恩師との再会

Writer: Rie nishizaka

先日、20年ぶりに恩師である税理士のS先生とお会いしました。

S先生は、私が始めて公務員として赴任した配属先の上司だった方です。

税務大学校を卒業した私は、右も左も分からないまま麻布税務署の消費税担当部門というところに配属されました。

ちょうど物品税が廃止され、新たに消費税が導入された年です。

消費税の制度趣旨も良く分からないまま配属初日から電話対応へ。導入当初の年ということもあり、納税者や税理士、会計士の方々から、くるわくるわ・・・。

質問、相談、苦情、陳情などなど・・・まさしく電話の嵐です。

電話にでても納税者の方が何を言っているのかさえ分からない有様で、電話という存在そのものを恐怖に感じ、一時期は電話恐怖症に陥りかけたほどです。

そんな私を、S先生は時に厳しく、時にやさしく指導し、父のような兄のような存在として包んでくれました。

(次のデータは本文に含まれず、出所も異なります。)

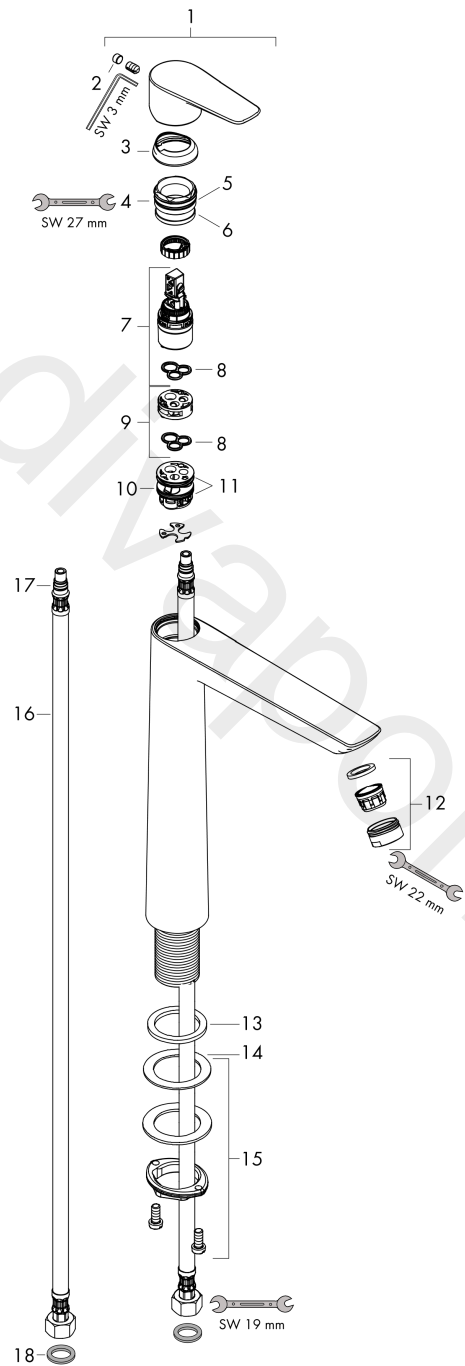

### product features

- ComfortZone 240
- projection: 183 mm
- spout height: 234 mm
- handle variant: lever handle
- spray type: normal spray
- maximum flow rate at 3 bar: 5 l/min
- ceramic cartridge
- temperature limitation adjustable
- suitable for continuous flow water heaters
- connection type: G 3/8 connections
- connection dimension: DN15
- EU taxonomy: max. 6 l/min - Substantial Contribution (SC) possible
- WRAS 2201041
- WRAS 2201041 - Approval letter

## Scale drawing

**Talis E**  
**Single lever basin mixer 240 without waste set**  
 Finish: **Chrome** Article Number: **71717000**

**Flowchart**

www.divapor.com

Talis E  
 Single lever basin mixer 240 without waste set  
 Finish: **Chrome** Article Number: **71717000**

Exploded Drawing

Year of production: >10/15

**Talis E**  
**Single lever basin mixer 240 without waste set**  
 Finish: **Chrome** Article Number: **71717000**

### Spare part list

Year of production: >10/15

Pos.	Description	Article Number	Price	PU
1	handle	92687000	£ 51,00	1
2	screw cover	95704000	£ 3,30	1
3	flange	92625000	£ 35,00	1
4	nut	92689000	£ 25,00	1
5	O-ring 25x1,5	98146000	£ 3,30	1
6	O-ring 27x1,5	92527000	£ 13,30	1
7	cartridge, assy	97685000	£ 64,00	1
8	seal	98865000	£ 35,00	1
9	adapter for cartridge	92628000	£ 20,50	1
10	adapter for cartridge	98866000	£ 35,00	1
11	O-ring 23x2	98398000	£ 3,30	1
12	aerator M24x1 (5 l/min)	13185000	£ 22,30	1
13	flat seal	98749000	£ 6,10	1
14	lever collar	97548000	£ 3,30	1
15	fixing set (Ø 32)	13961000	£ 25,00	1
16	connection hose 600 mm M8x0,75 G3/8	96556000	£ 25,00	1
17	O-ring 7x1,5	98422000	£ 3,30	1
18	sealing set	95581000	£ 6,10	1
a	fixation extension 35 mm	13898000	£ 79,00	1

父親のいなかった私にとっては、母親と同い年の上司は、まさに東京の父親といった存在でした。

そんな先生に再会することになったのは突然来た1通のはがき。

長く勤めた国税の職場を去り税理士事務所を開業したとありました。
そこに書かれていた文字を見た時、どどっと懐かしさが・・・。

そうだった。そうだった。統括(当時の職歴です)はこういう字を書くんだった。懐かし~

ってな感じで早速連絡をとり、久しぶりに再会。

お互い近況を報告しあい、話はやはり昔話へ。あの時の話、この時の話・・・・話は尽きず。

20年ぶりにお会いした先生は、昔と全然変わらず、穏やかな優しさをまとった方でした。

父親に学校のことを話する子供のようにいろいろと話してしまった私。それを一つ一つ頷きながら聞いてくれた先生。

会わなかった期間は長くても、会えば一瞬で昔の立場に戻れる・・・そんな瞬間でした。

お別れした帰路も、なぜか気持ちが穏やかで、先生の穏やかさが流れてきたんだなぁとしみじみ思ってしまった西坂なのでした。